[Stored items from a collection]
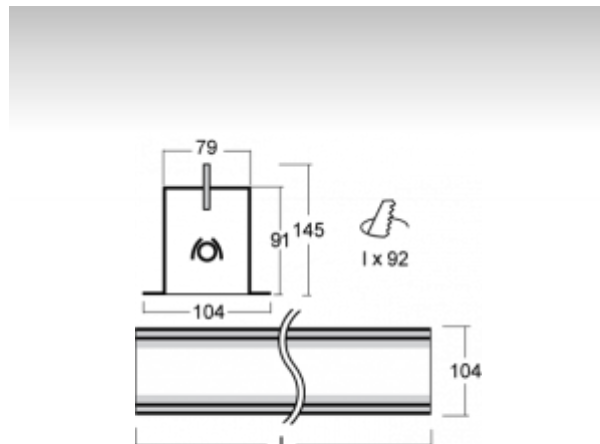

LINA

03-A00H-1024E, + 03-0270, W Стартовый светильник
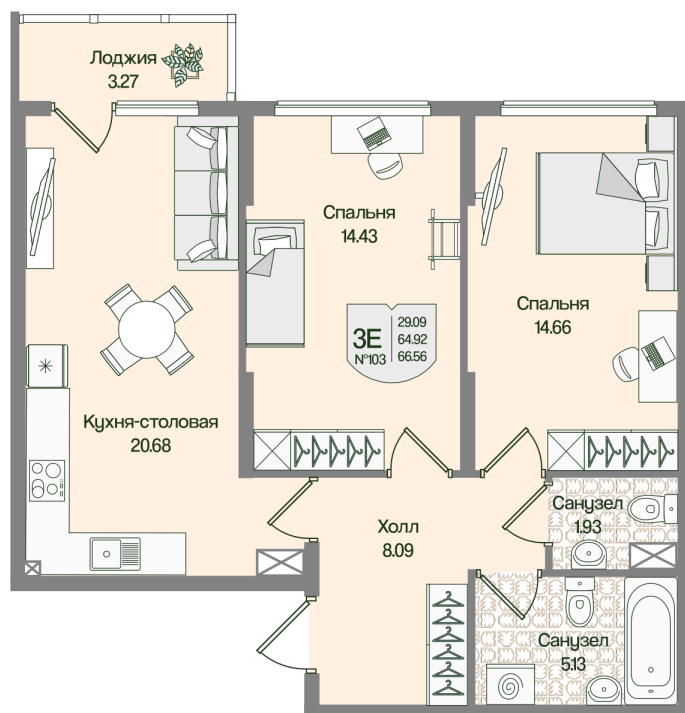

Номер: 103

Отсканируйте QR-код
и смотрите на сайте
novoeizm.ru

2 комнатная 66.55 м²

17 398 170 руб.

В ипотеку от 62 483 руб.

Предчистовая отделка

С лоджией

Проект	Охтинские высоты	Корпус	Корпус 6
Этаж	2	Секция	5
Сдача	2 кв. 2027		

03.04.2026 03:57 (Мск)

Не является публичной офертой, цена может быть скорректирована. Информация взята с сайта «novoeizm.ru»

На этаже 2

2 комнатная 66.55 м²

03.04.2026 03:57 (Мск)

Не является публичной офертой, цена может быть скорректирована. Информация взята с сайта «novoeizm.ru»

На генплане Корпус 6

2 комнатная 66.55 м²

03.04.2026 03:57 (Мск)

Не является публичной офертой, цена может быть скорректирована. Информация взята с сайта «novoeizm.ru»
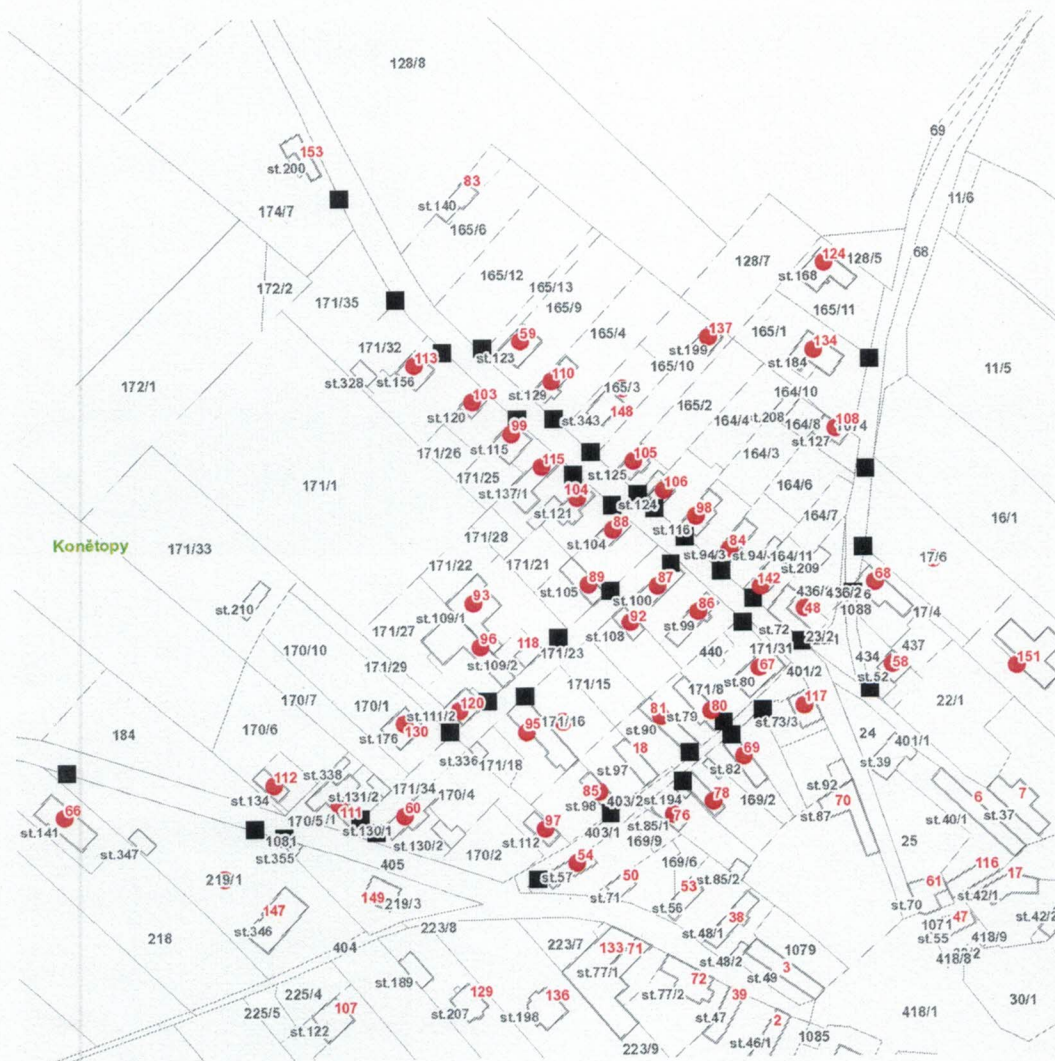

Odesláno datovou zprávou na:

IDDS: cujj2pn (Obec Konětopy)

Oznámení o přerušení dodávky elektrické energie č. 110060793358

Dovolte, abychom Vás informovali o plánovaném přerušení dodávky elektrické energie v katastru Vaší obce **dne 11. 10. 2021 od 7:30 do 16:30** v rozsahu uvedeném v příloze této zprávy.

Plánovaná odstávka zahrnuje tyto lokality:**Konětopy (okres Praha-východ)**

č. p. 48, 54, 58, 59, 60, 66, 67, 68, 69, 76, 78, 80, 81, 84-89, 92, 93, 95-99, 103, 104, 105, 106, 108, 110, 111, 112, 113, 115, 117, 120, 124, 130, 134, 137, 142, 151

kat. území **Konětopy** (kód **669059**): parcelní č. 17/6, 165/3, 171/16, 219/1

UPOZORNĚNÍ

Dotčené zařízení distribuční soustavy je nutné i v době odstávky považovat za zařízení pod napětím, a proto vás žádáme o dodržení všech zásad bezpečnosti a provedení opatření potřebných k zamezení případných škod na zdraví a majetku. | Provozovatelé výroben elektřiny jsou povinni zajistit přerušeni dodávky elektřiny z výroby do vypnutého úseku distribuční soustavy.

dne **11. 10. 2021** od **7:30** do **16:30** hodin**Orientační mapový podklad odstávkou dotčených lokalit****VYSVĚTLIVKY**

- – adresy dotčené odstávkou elektřiny
- – místa připojení k elektrické síti dotčená odstávkou
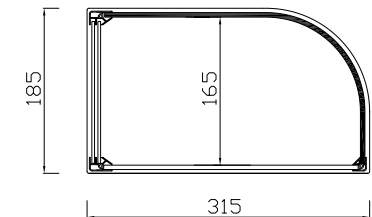

NCP-100 INOX

| Modelo | Largo | Fondo | Alto | PVP |
|----------------|-------|-------|------|-------|
| NCP-100 | 982 | 315 | 185 | 285 € |
| NCP-120 | 1212 | 315 | 185 | 330 € |

Fabricación Especial
A MEDIDA
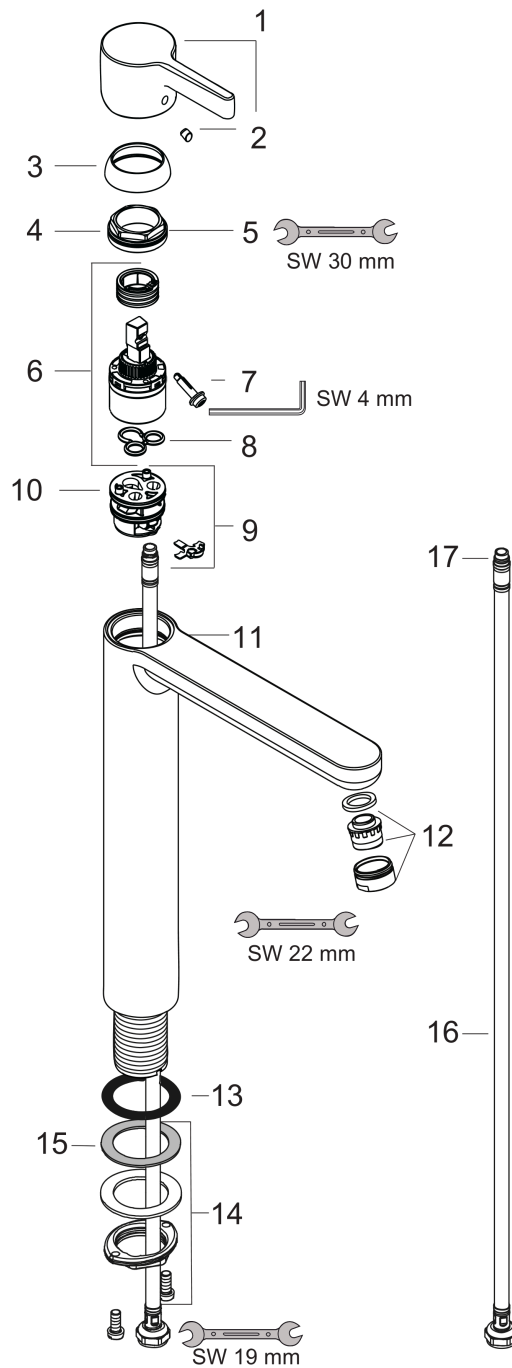

Metris S

Einhebel-Waschtismischer 260 für Aufsatzwaschtische ohne Ablaufgarnitur

Oberfläche: **Chrom** Artikelnummer: **31023000**

Beschreibung

Merkmale

- ComfortZone 260
- Ausladung: 189 mm
- Auslaufhöhe: 251 mm
- Griffvariante: Hebelgriff
- Strahlart: Normalstrahl
- maximale Durchflussmenge bei 3 bar: 5 l/min
- Keramikmischsystem
- Temperaturbegrenzung einstellbar
- für Durchlauferhitzer geeignet
- Anschlussart: G $\frac{3}{8}$ Anschlussschläuche
- Anschlussgröße: DN15
- DVGW NW-6506BR5787
- PA-IX 9950/IO
- EPD Basin Faucets

Technologie

Zertifikate / Nachhaltigkeit

Produktabbildung

Maßzeichnung

Metris S

Einhebel-Waschtismischer 260 für Aufsatzwaschtische ohne Ablaufgarnitur

Oberfläche: **Chrom** Artikelnummer: **31023000**

Durchflussdiagramm

Metris S

Einhebel-Waschtismischer 260 für Aufsatzwaschtische ohne Ablaufgarnitur

Oberfläche: **Chrom** Artikelnummer: **31023000**

Explosionszeichnung

Baujahr: >04/17

Metris S

Einhebel-Waschtismischer 260 für Aufsatzwaschtische ohne Ablaufgarnitur

Oberfläche: **Chrom** Artikelnummer: **31023000**

Ersatzteilliste

Baujahr: >04/17

Pos.	Beschreibung	Artikelnummer	PG	VE
1	Griff	31093000	9	1
2	Griffstopfen	96338000	1	1
3	Kappe	97406000	6	1
4	Mutter	97209000	5	1
5	O-Ring 32x2	98193000	1	1
6	Kartusche kpl.	92730000	11	1
7	Sicherungsschraube	95140000	2	1
8	Dichtung	95008000	3	1
9	Adapter für Kartusche	98750000	4	1
10	O-Ring 30x2	98186000	1	1
11	O-Ring 35x2	92604000	2	1
12	Luftsprudler M24x1 (5 l/min)	13185000	98	1
13	Flachdichtung	98749000	2	1
14	Schaftbefestigung kpl. (Ø 32)	13961000	7	1
15	Gleitring	97548000	1	1
16	Anschlussschlauch 900 mm M8x0,75 G3/8	96316000	9	1
17	O-Ring 6,6x1,6	93019000	1	1
a	Schaftverlängerung 35 mm	13898000	12	1
b	Luftsprudler M24x1 (3,5 l/min)	92508000	6	1
c	Luftsprudler M24x1 (4,5 l/min)	92877000	6	1
d	Luftsprudler schwenkbar M24x1 (5 l/min)	95928000	8	1
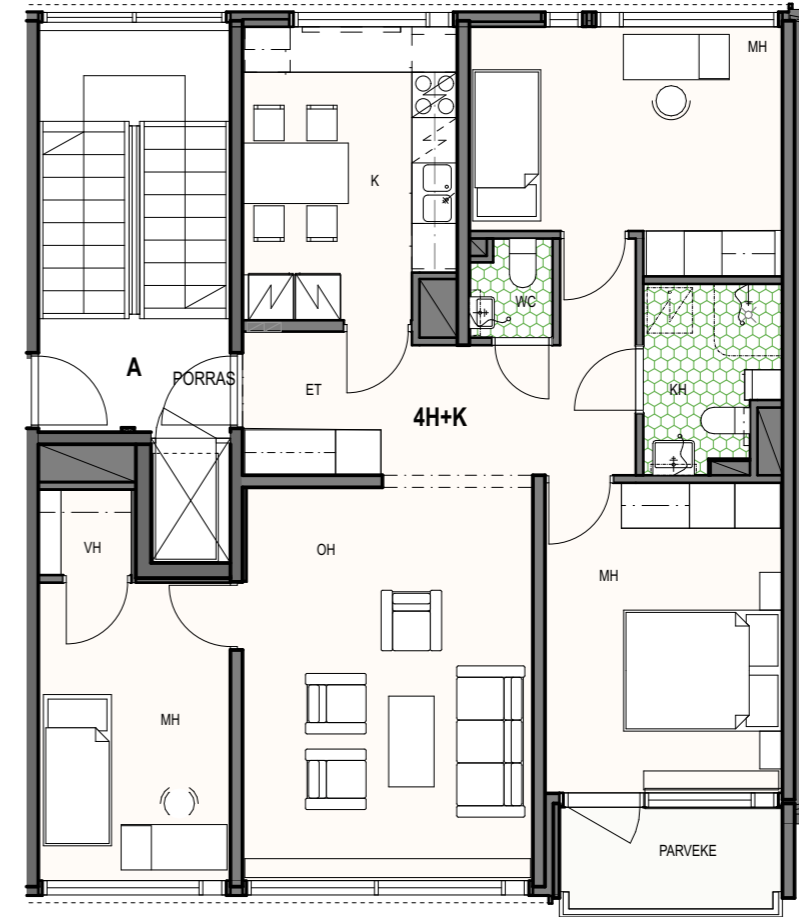

4H+K+P
3H+K+P

0m 1 2 3 4 5m 6

1.-3. KERROS 1:200

Asukasvarastot
UUV - ulkoiluvälinevarasto
LVV - lastenvaunuvarasto
Porrashuone, hissi
Talosaunat
Tekniset tilat, talovarastot, käytävät
ja autotallit

0m 1 2 3 4 5m 6 7 8 9 10m

POHJAKERROS 1:200

- Asunnot:
 A 2, 4, 6
 B 8, 10, 12
 C 14, 16, 18
 D 20, 22, 24
 E 26, 28, 30
 F 32, 34, 36

3H + K+ PARVEKE 1:100
 69,5- 70,5 m²

- Asunnot:
 A 1, 3, 5
 B 7, 9, 11
 C 13, 15, 17
 D 19, 21, 23
 E 25, 27, 29
 F 31, 33, 35

4H + K + PARVEKE 1:100
 84,5-85,5 m²

HUONEISTOPOHJA 4H + K 84,5-85,5 m² 1:50

MERKKIEN SELITYKSET

- ET Eteinen
- OH Olohuone
- MH Makuuhuone
- VH Vaatehuone
- K Keittiö
- KPH Kylpyhuone
- WC Erillis wc
- IL Ikkunalauta

PROBLEM TO WORK ON:
Leaving out the pictures, please output the lines in the entries above from the one with "IDDS: cujj2pn (Obec Konětopy)" through the one with "- Auslaufhöhe: 251 mm", exactly as they are.

SOLUTION FOR THIS PROBLEM:
IDDS: cujj2pn (Obec Konětopy)

Oznámení o přerušení dodávky elektrické energie č. 110060793358

Dovolte, abychom Vás informovali o plánovaném přerušení dodávky elektrické energie v katastru Vaší obce **dne 11. 10. 2021 od 7:30 do 16:30** v rozsahu uvedeném v příloze této zprávy.

Plánovaná odstávka zahrnuje tyto lokality:**Konětopy (okres Praha-východ)**

č. p. 48, 54, 58, 59, 60, 66, 67, 68, 69, 76, 78, 80, 81, 84-89, 92, 93, 95-99, 103, 104, 105, 106, 108, 110, 111, 112, 113, 115, 117, 120, 124, 130, 134, 137, 142, 151

kat. území **Konětopy** (kód **669059**): parcelní č. 17/6, 165/3, 171/16, 219/1

UPOZORNĚNÍ

Dotčené zařízení distribuční soustavy je nutné i v době odstávky považovat za zařízení pod napětím, a proto vás žádáme o dodržení všech zásad bezpečnosti a provedení opatření potřebných k zamezení případných škod na zdraví a majetku. | Provozovatelé výroben elektřiny jsou povinni zajistit přerušeni dodávky elektřiny z výroby do vypnutého úseku distribuční soustavy.

dne **11. 10. 2021** od **7:30** do **16:30** hodin**Orientační mapový podklad odstávkou dotčených lokalit****VYSVĚTLIVKY**

- – adresy dotčené odstávkou elektřiny
- – místa připojení k elektrické síti dotčená odstávkou

NCP-100 INOX

| Modelo | Largo | Fondo | Alto | PVP |
|----------------|-------|-------|------|-------|
| NCP-100 | 982 | 315 | 185 | 285 € |
| NCP-120 | 1212 | 315 | 185 | 330 € |

Fabricación Especial
A MEDIDA

Metris S

Einhebel-Waschtismischer 260 für Aufsatzwaschtische ohne Ablaufgarnitur

Oberfläche: **Chrom** Artikelnummer: **31023000**

Beschreibung

Merkmale

- ComfortZone 260
- Ausladung: 189 mm
- Auslaufhöhe: 251 mm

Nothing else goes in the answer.